Raw data =
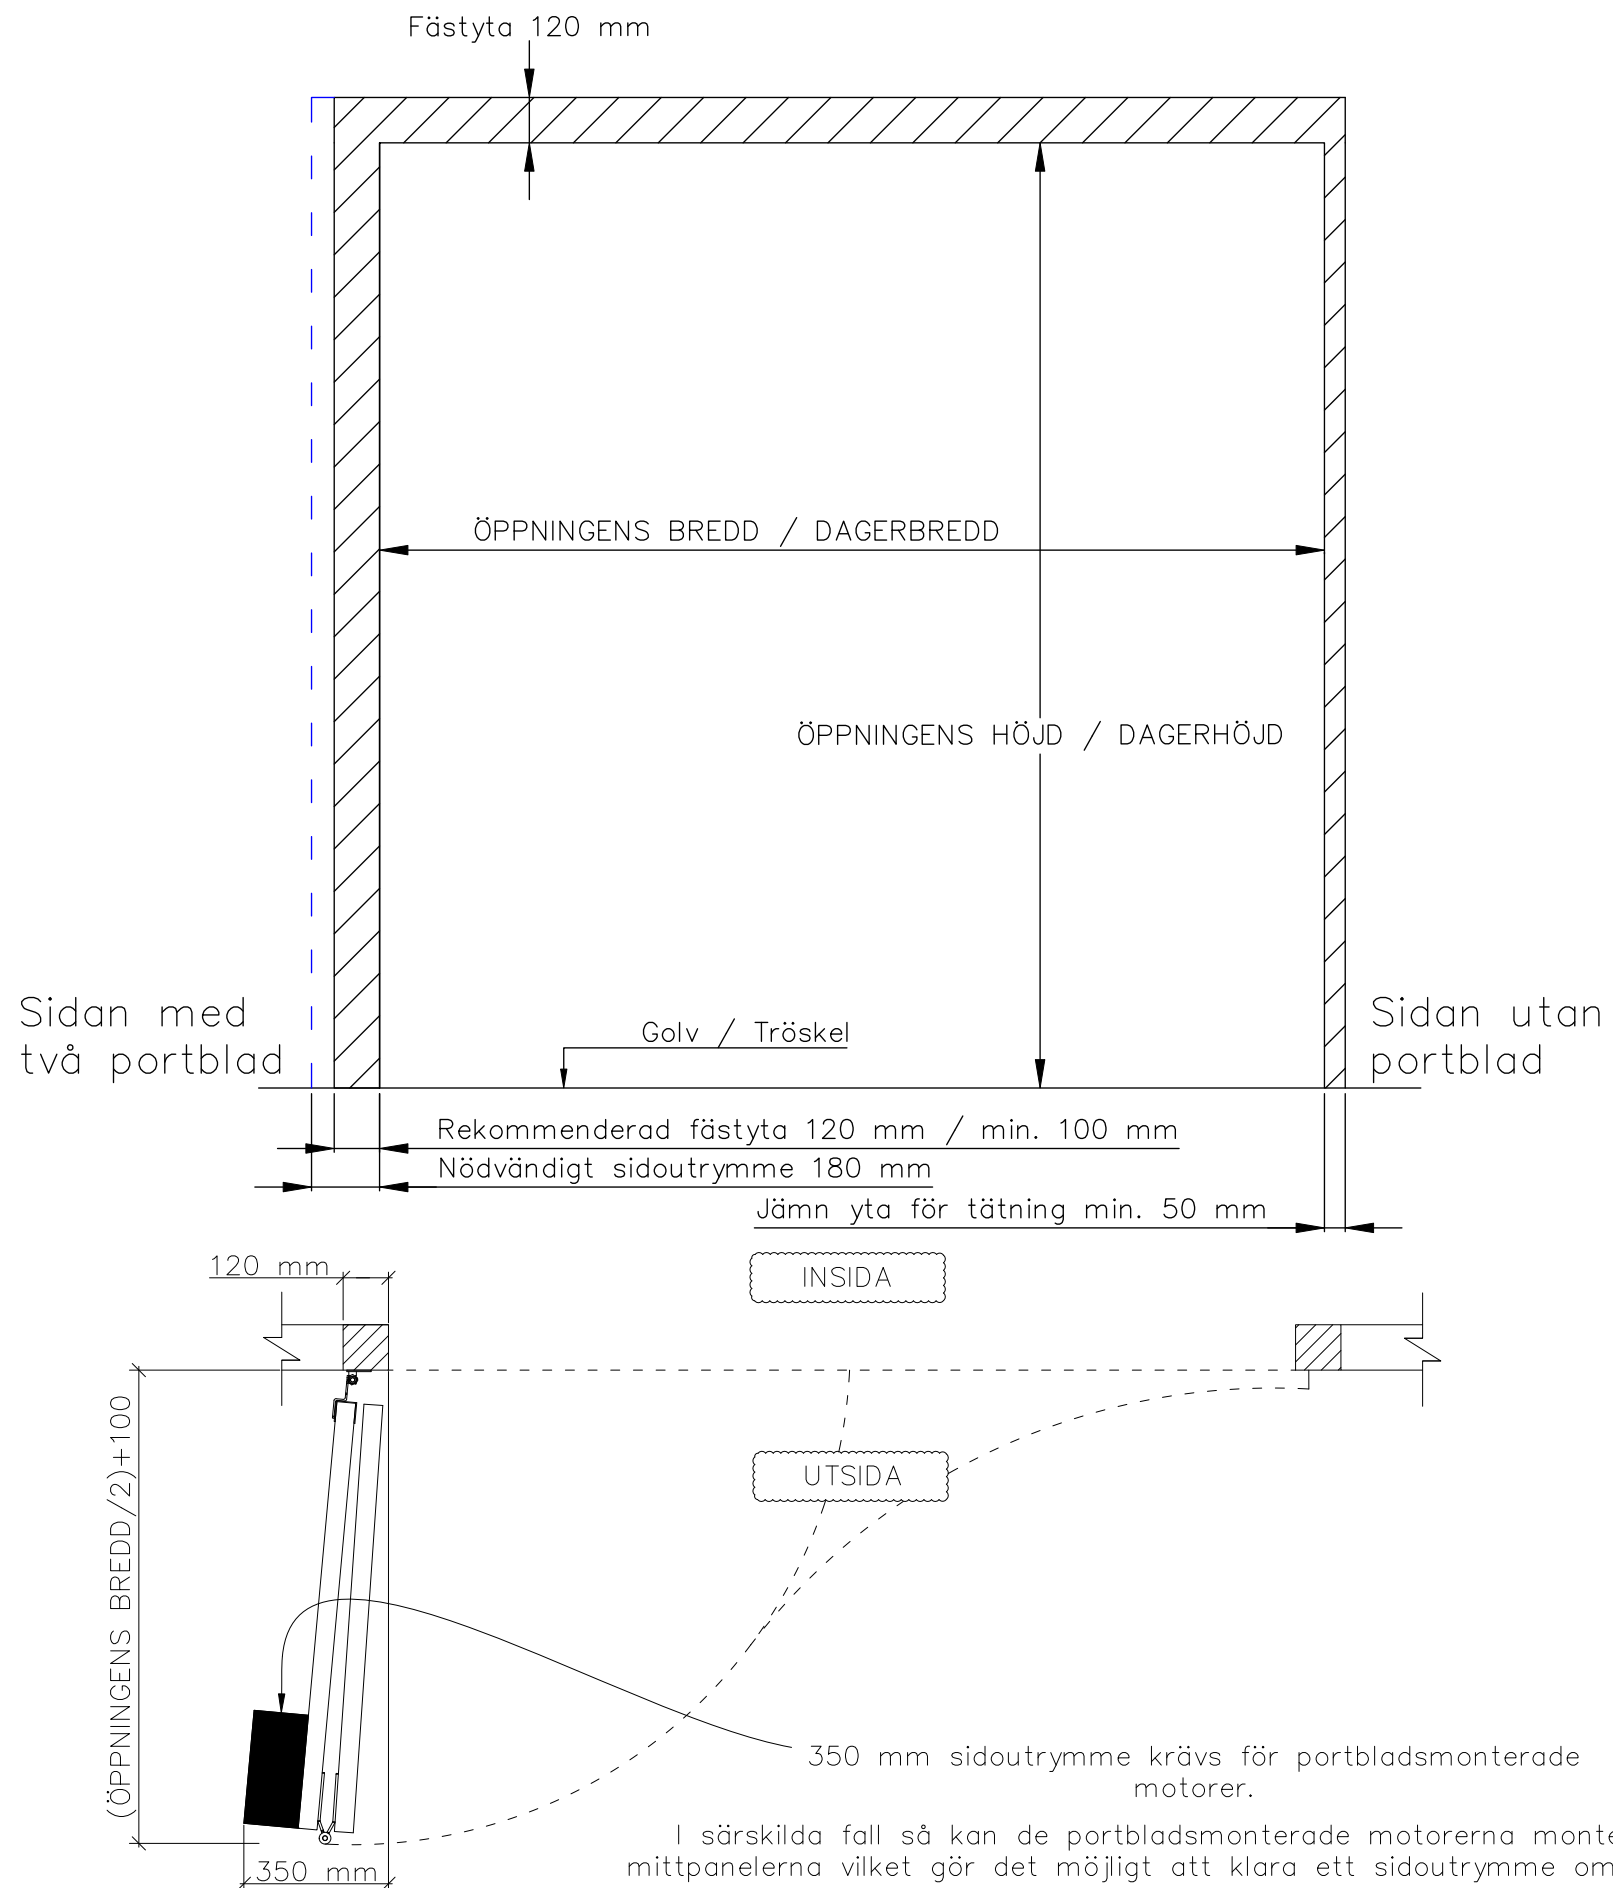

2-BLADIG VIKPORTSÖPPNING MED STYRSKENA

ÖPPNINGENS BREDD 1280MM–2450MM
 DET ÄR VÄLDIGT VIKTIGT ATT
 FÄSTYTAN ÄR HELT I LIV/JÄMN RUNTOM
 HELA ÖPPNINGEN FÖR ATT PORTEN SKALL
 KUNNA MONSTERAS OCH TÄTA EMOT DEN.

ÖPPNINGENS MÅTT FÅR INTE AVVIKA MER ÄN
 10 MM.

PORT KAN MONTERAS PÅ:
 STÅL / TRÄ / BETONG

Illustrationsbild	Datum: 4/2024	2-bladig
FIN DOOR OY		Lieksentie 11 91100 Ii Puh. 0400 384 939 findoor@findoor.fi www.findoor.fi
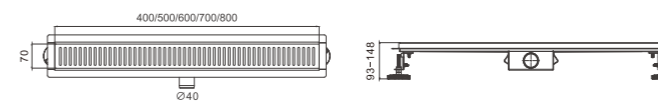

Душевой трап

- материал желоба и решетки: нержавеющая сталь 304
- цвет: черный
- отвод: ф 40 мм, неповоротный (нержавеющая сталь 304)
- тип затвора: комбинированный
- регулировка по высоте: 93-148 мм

Problem = Output every entry verbatim. Pictures do not belong in the copy.

Response =
2-BLADIG VIKPORTSÖPPNING MED STYRSKENA

ÖPPNINGENS BREDD 1280MM–2450MM
 DET ÄR VÄLDIGT VIKTIGT ATT
 FÄSTYTAN ÄR HELT I LIV/JÄMN RUNTOM
 HELA ÖPPNINGEN FÖR ATT PORTEN SKALL
 KUNNA MONSTERAS OCH TÄTA EMOT DEN.

ÖPPNINGENS MÅTT FÅR INTE AVVIKA MER ÄN
 10 MM.

PORT KAN MONTERAS PÅ:
 STÅL / TRÄ / BETONG

Illustrationsbild	Datum: 4/2024	2-bladig
FIN DOOR OY		Lieksentie 11 91100 Ii Puh. 0400 384 939 findoor@findoor.fi www.findoor.fi

Душевой трап

- материал желоба и решетки: нержавеющая сталь 304
- цвет: черный
- отвод: ф 40 мм, неповоротный (нержавеющая сталь 304)
- тип затвора: комбинированный
- регулировка по высоте: 93-148 мм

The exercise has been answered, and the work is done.